A puncture the following morning slashed that advantage and put 2019 champion Tänak within range, the Estonian closing to 13 seconds. But Tänak was honest about his form in the Hyundai, much improved since its difficult debut asphalt rally in Monte Carlo back in January: he didn’t really feel capable of matching Rovanperä’s GR Yaris Rally1 on the same tyres and in the more benign conditions that welcomed the crews to the second day’s final stage. Sure enough, Rovanperä blitzed that one to stretch his lead to near 20 seconds.
Just four stages to go, on Sunday morning. Rovanperä surely had this one covered – until Toyota failed to predict the heavy rain that turned the penultimate stage into a slithering survival run.
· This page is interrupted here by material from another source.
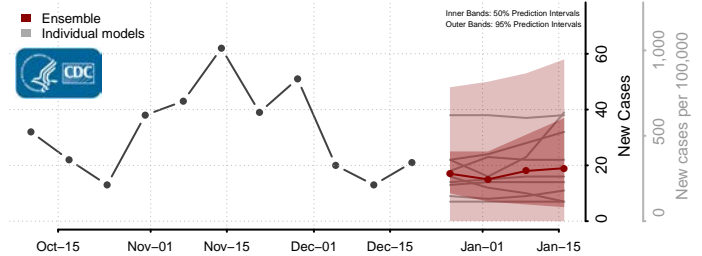

Taylor County, Iowa

Rovanperä had headed out for the final leg with four hard-compound Pirellis and a couple of wet-weather spares as insurance; but Hyundai gambled, giving Tänak four softs and his own rain-tyre reserves. That was fine for Kalle over the first two runs as his lead stretched to 28.4sec. But when they got back to Trakošćan – Vrbno for a second pass, the rally gods did their worst: even with his two wet-weather spares fitted, the mix with the hard rubber just didn’t work for Rovanperä, as Tänak suddenly began to fly on his combo of soft slicks and treaded Pirellis.
In just eight miles, Kalle’s 28.4sec lead became a 1.4sec deficit, with just the similar-length Power Stage to run. He’d led every inch since Friday morning, and now this. How cruel.
“At that point, we thought we had lost,” Latvala admitted. “The rain came and we knew it had also been raining on the Power Stage.” Had been, but not any longer. By the time the crews reached Zagorska Sela – Kumrovec for their second and final pass, the road was mostly dry. But mud and dirt thrown on from the many corner cuts still made any grip a bonus. Now back on hard Pirellis all round versus Tänak’s four softs, Latvala, his engineers, plus Rovanperä and co-driver Jonne Halttunen themselves, prepared for the worst.
“We were looking at the first WRC2 cars on the stage and there was quite a lot of mud on the road,” said Latvala. “We knew that Ott has better tyres for the conditions. Basically I started to calculate how many points we were going to lose to Hyundai. But eventually I threw the paper away thinking this was a waste of time, it’s nonsense to do it. Lucky I did it.